On Sun, 17 May 2020 at 14:39:25, Sven-Hendrik Haase via arch-dev-public wrote:
As some of you know, we've been toying with two ideas for a while: Arch-wide centralized user management as well as using GitLab to consolidate some of our current services. The overall goal is manifold. In no particular order, the goals are to - make Arch more contributor friendly - provide more modern tools for ourselves - enable more automation - make Arch services more secure - make team management activities less error-prone and more streamlined
Great! Thanks a lot for working on this!
After looking at various solutions, we eventually settled on Keycloak since it seemed like a modern, well-maintained, and secure piece of software. It allows us to enable logins for services via OpenID Connect and SAML which is likely the best coverage we could hope for. It also allows us to connect other social login providers such as github.com and gitlab.com and it supports Recaptcha, 2FA, and WebAuthn out of the box. The idea is to eventually transition all our online service as well as SSH keys to Keycloak to ease on-/offboarding and make it less error-prone.
Is 2FA going to be opt-in? Will it be mandatory for members of the staff? You mentioned increased security before but having a single password also increases the attack surface in case a password is stolen.
1) Transition as many staff-only services to Keycloak as possible. We looked at our current services and put up a table on the wiki that shows support per service [2]. Some of the services that we operate are deprecated or have functionality that is also provided by GitLab. In our current understanding, this concerns Flyspray, Kanboard, and Patchwork. Of those, Kanboard and some of the Flyspray projects will be our first targets to transition to GitLab. We'll continue using Flyspray for the time being for package bugs but will discontinue its use for all non-packaging bugs. The reason for this is that how we manage our bugs for packages is somewhat intertwined with the svn2git migration which is yet to be done and might dictate a different repo structure than what we would come up with currently and we don't want to block on this. This was also discussed in a recent DevOps meeting [3].
When saying "svn2git migration", are you referring to the already existing svntogit repositories on git.archlinux.org or to the migration of our main package VCS to Git? Could you elaborate on how svn2git migration and Flyspray are intertwined? I could not find any details in [3].
2) We'd like to get rid of our own cgit instance at git.archlinux.org and transition our git hosting into GitLab. AUR git access will stay as it is due to its special shell magic.
You may already be aware of this but I'd like to clarify, especially since the DevOps meeting notes [3] mention that "git.archlinux.org likely needs to be kept for svn2git and the AUR": the cgit instance for AUR packages is entirely separate from the cgit instance running git.archlinux.org --- shutting down git.archlinux.org should not impact aur.archlinux.org in any way.

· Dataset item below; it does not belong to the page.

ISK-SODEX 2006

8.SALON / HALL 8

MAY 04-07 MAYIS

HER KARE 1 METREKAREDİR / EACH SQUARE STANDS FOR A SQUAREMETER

We tried hard to come up with a good source of users to import into Keycloak so that we could seed that database with a solid user base but sadly it appears that there is no trusted source of users that we can rely on. Potential candidates were the wiki, BBS, AUR but we ruled them all out in their current state as none of them have always had email verification and so we can't trust those emails to be the sole source of truth. In order to still allow users to keep their old contributions in cases where they can prove their identity via email, we'll build a new small web application that allows them to connect their new Keycloak identity to their other identities. For now, we seeded the Keycloak database with the only known-good source of trusted emails: Staff from Archweb.
Email addresses of aurweb accounts have to be confirmed (and accounts without verified email addresses are not usable and can be filtered out by a simple SQL query). Old accounts have been purged in ~2014 and, to the best of my knowledge, there should not be any active accounts left that did not go through the email verification process.

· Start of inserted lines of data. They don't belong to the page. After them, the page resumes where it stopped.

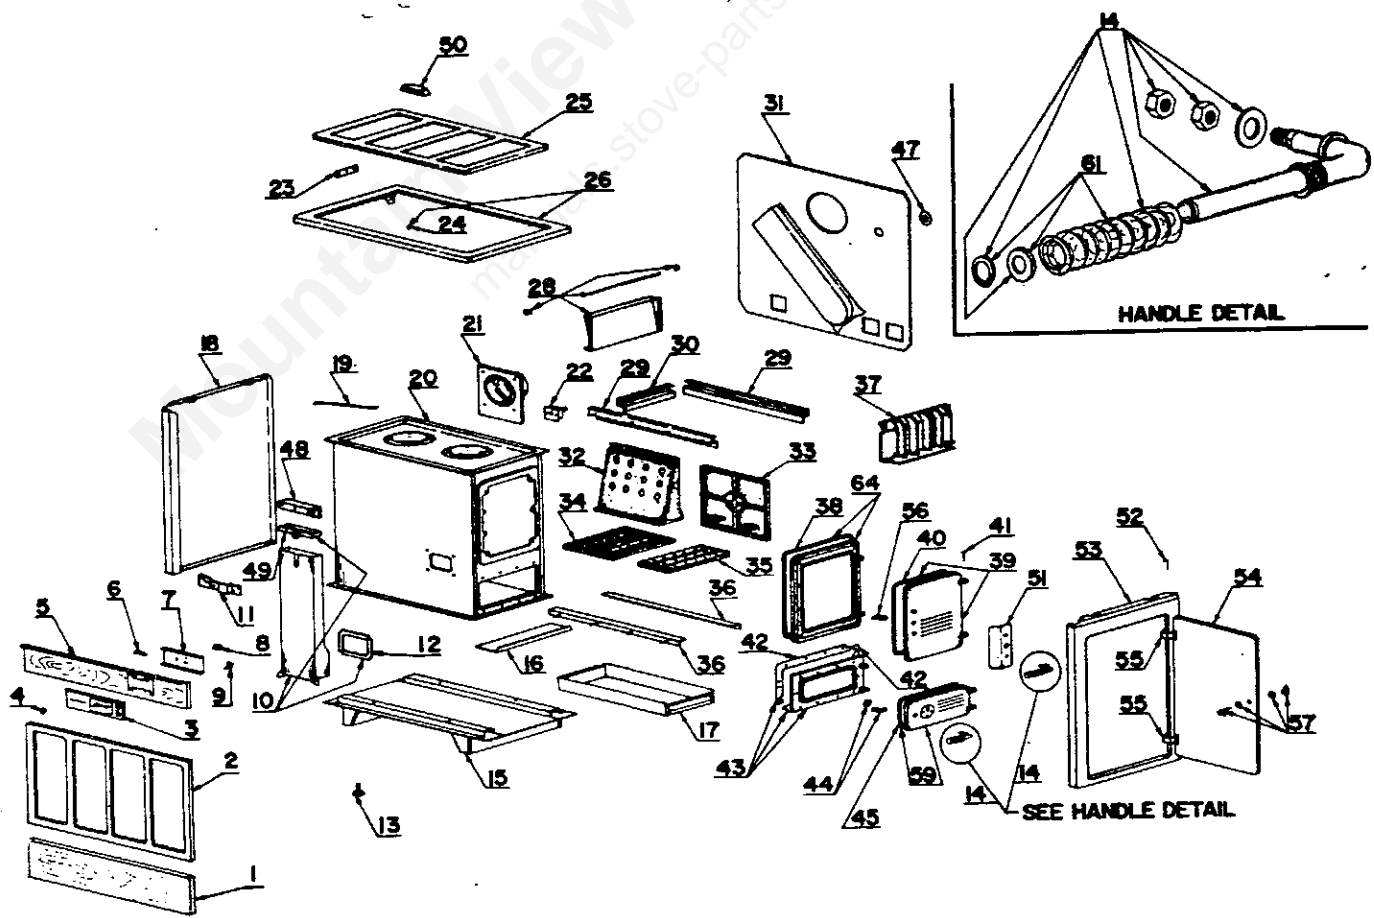

<u>DESCRIPTION</u>	<u>PART NO.</u>	<u>KEY NO.</u>	<u>DESCRIPTION</u>	<u>PART NO.</u>
1 Bottom front panel	009755R	28	Smoke curtain kit	024825R
2 Center front panel, ptd.	009317R	29	Side liner retainer kit	024812R
3 Plate Logo	009750R	30	Rear liner retainer kit	024810R
4 Knob	009758R	31	Back panel, ptd.	010277R
5 Top front panel assy.	010040-01R	32	Side liner	017048R
6 Spring	009736R	33	Rear liner	010738R
7 Slide Plate	009737R	34	Large grate	017217R
8 Pin screw	009729R	35	Small grate	017218R
9 Knob plate	009728R	36	Angle grate support kit	024815R
10 Thermostat complete	020796R	37	Front liner kit	024814R
11 Welded saddle assy.	010038R	38	Rope, feed door frame	008142-02R
12 Draft tube gasket	007812R	39	Feed door & rope assy.	016070R
13 Heater leveler	009041R	40	Rope, feed door	009535-03R
14 Handle kit	024823R	41	Steel rivet	P626R
15 Base painted	010269R	42	Gasket, ash door frame.	007844R
16 Ash guard	009266R	43	Ash door frame kit	024817R
17 Ash pan	006562R	44	Latch kit, ash door	024821R
18 Left side cabinet	024689R	45	Rope, ash door	009535-04R
19 Cabinet brace	009088R	47	Secondary air cover plate	014569R
20 Inner unit assy.	016454R	48	Thermostat cover plate	013829R
21 Flue collar kit	024808R	49	Damper frame assy.	010281R
22 Secondary air control kit	024820R	50	Handle kit for cabinet top	024805R
23 Hinge plate kit	024806R	51	Radiation shield kit	024819R
24 Bumper plug	P6108R	52	Hinge rod	009306R
25 Top cabinet assy.	024682R	53	Right side cabinet	024693R
26 Cabinet top frame kit	024807R	54	Cabinet door	024677R
Liner set	020793R	55	Cabinet door hinge	010275R
Grate set	020794R	56	Latch for feed door	014713R
		57	Handle & latch kit	024818R
		59	Ash door & rope assy.	016069R
		61	Handle knob kit	024822R
		64	Feed door frame kit	024824R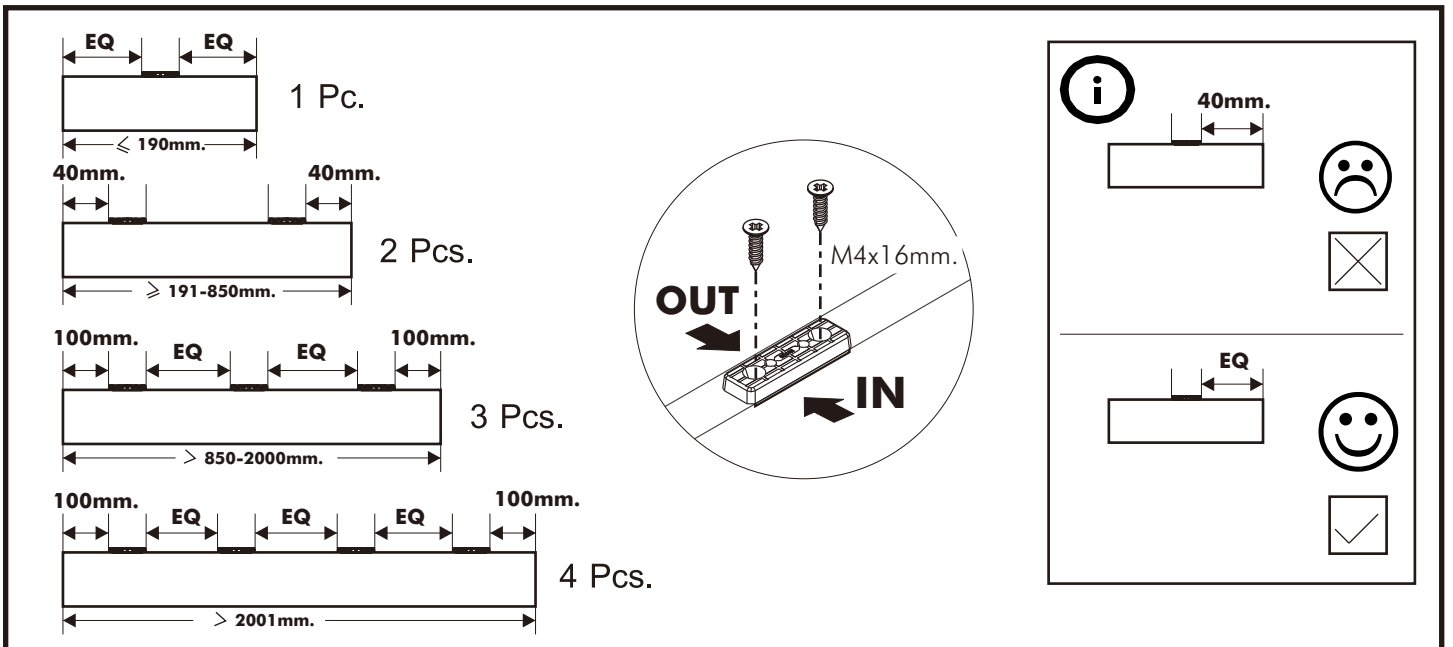

CONNECT SYSTEM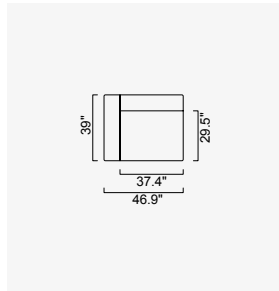

High Arm Module
(Left)

On more goal we had is automatic github.com mirroring in some fashion. We looked at creating a two-way github.com <-> GitLab mirror but that setup can break easily in the case of force pushes and race conditions and also would have us looking at both places for pull requests. It seems simpler to us for the time being to have one-way mirroring from our GitLab to github.com only and then allow github.com users to easily collaborate on our GitLab via github.com social login. It's a little bit more hassle for the users than collaborating directly on github.com but it's a lot less hassle for us so it's perhaps the best compromise.

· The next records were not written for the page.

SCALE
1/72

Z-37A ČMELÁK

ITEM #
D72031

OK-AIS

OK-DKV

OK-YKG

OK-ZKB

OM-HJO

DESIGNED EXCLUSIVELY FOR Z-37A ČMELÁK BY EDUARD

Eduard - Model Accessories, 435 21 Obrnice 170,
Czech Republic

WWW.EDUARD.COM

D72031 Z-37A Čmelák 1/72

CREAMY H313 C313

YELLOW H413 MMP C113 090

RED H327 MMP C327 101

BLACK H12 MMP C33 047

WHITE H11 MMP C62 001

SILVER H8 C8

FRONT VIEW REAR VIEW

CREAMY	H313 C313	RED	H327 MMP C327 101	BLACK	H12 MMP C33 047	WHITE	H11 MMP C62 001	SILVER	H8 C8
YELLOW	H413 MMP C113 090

One argument for users to prefer GitHub is that many already have an account there. Ceasing GitHub support might have an impact on engagement and make it less likely for one-time contributors to submit a simple patch. Maybe that's a sacrifice we're willing to make, though. On a related note, will this impact projects that prefer email patch submissions in any way (except that they can now opt-in to GitLab too)? Best, Lukas
[0] https://gitlab.com/gitlab-com/marketing/community-relations/gitlab-oss [1] https://gitlab.com/gitlab-com/marketing/community-relations/gitlab-oss/-/com... [2] https://wiki.archlinux.org/index.php/DeveloperWiki:SSOMigration [3] https://wiki.archlinux.org/index.php/DeveloperWiki:DevopsMeetings/2020-05-06
On 5/17/20 4:37 PM, Lukas Fleischer via arch-dev-public wrote:
Email addresses of aurweb accounts have to be confirmed (and accounts without verified email addresses are not usable and can be filtered out by a simple SQL query). Old accounts have been purged in ~2014 and, to the best of my knowledge, there should not be any active accounts left that did not go through the email verification process. I think the other concern here was that after you've confirmed your email address, you can modify it and it won't be re-verified.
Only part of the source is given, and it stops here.